Только тут я понял, что говорилось сейчас о тетушке мисс Берджесс, а вовсе не о бывшей компаньонке этой самой тетушки. “В Дороти полетело только два фарфоровых местных блюдца”, - доносилось до меня, - И тетушке очень нравилось, как мисс Браницки читает ей - неспеша, не пропуская кусков из газеты”.

- Отчего же вы рассчитали ее? - спросил я с неподдельным недоумением. Мисс Берджесс победоносно вздернула подбородок.

- Тетушку признали невменяемой, - изрекла она. - Мы отправили ее в Англию, в соответствующее учреждение.

Несказанное я додумал и сам - наследство перешло полностью к племяннице, а уж что там будет с тетушкой, мисс Эмили Джейн Берджесс не слишком волновало. Как и оставалось под вопросом, была ли миссис Ванделер и впрямь столь уж безумной. Илья Петрович сказал бы что-то навроде “кви продест”**. Сервиза, впрочем, было очень жаль - судя по оставшейся чашке, в него входили вещи редкостной красоты.

На вопрос о поляке-художнике Анджее Гижицком, мисс Берджесс с трудом, но вспомнила его, и как я заметил, без особого неудовольствия.
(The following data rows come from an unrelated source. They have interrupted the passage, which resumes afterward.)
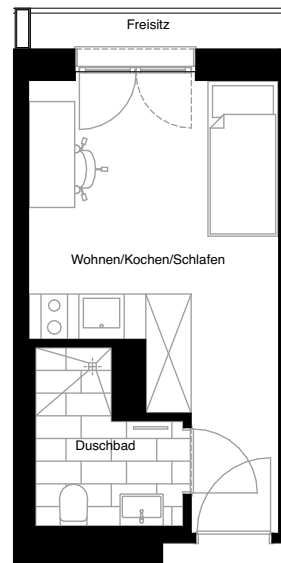

SMARTS

NÜRNBERG

| | |
|---------------|----------------------|
| Wohnung: | 373 |
| Wohneinheit: | WE_05_C4 |
| Straße: | Stephanstraße |
| Hausnummer: | 7 |
| Etage: | 5.OG |
| Zimmer: | 1 |
| Wohnfläche: | 19,54 m ² |
| Barrierefrei: | nein |

Dies ist eine unverbindliche Illustration, daher sind Irrtum und Änderungen vorbehalten. Der Grundriss ist nicht maßstabsgerecht. Für zwischenzeitliche Änderungen können wir keine Haftung übernehmen. Bei der Möblierung und der Einbauküche handelt es sich um eine unverbindliche Darstellung. Die Möblierung und die Einbauküche können hiervon in der Realität abweichen.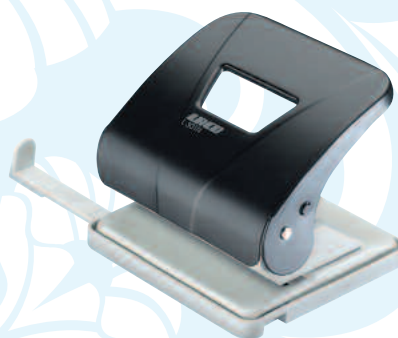

Dziurkacz L 301

INDEKS	KOLOR	CENA
AX1056	niebieski	29,40 zł/szt.
AX1055	czerwony	29,40 zł/szt.
AX1054	zielony	29,40 zł/szt.
AX1058	czarny	29,40 zł/szt.

30 5 LAT

Zszywacz H 400

INDEKS	KOLOR	CENA
AX6743	niebieski	17,63 zł/szt.
AX6742	czerwony	17,63 zł/szt.
AX6741	czarny	17,63 zł/szt.
AX6745	zielony	17,63 zł/szt.

25 24/6 26/6 67 mm 5 LAT

Она сказала, что молодого человека видела дважды, причем во второй раз поляков было двое, кажется, братья.

Итак, думал я, еще до похищения сына Босвелла наша полячка замешалась в две темные истории - с Гижицким, обвиненным в шпионаже, и с этой невменяемой тетушкой и ее племянницей. Однако обращало на себя внимание то искреннее тепло, с которым Эмили Берджесс говорила о Дороте. Совершенно не вяжется со стройной версией о соучастии компаньонки в деле устранения тетушки с пути племянницы. Или уж мисс Берджесс по получении наследства чувствует себя абсолютно уверенно.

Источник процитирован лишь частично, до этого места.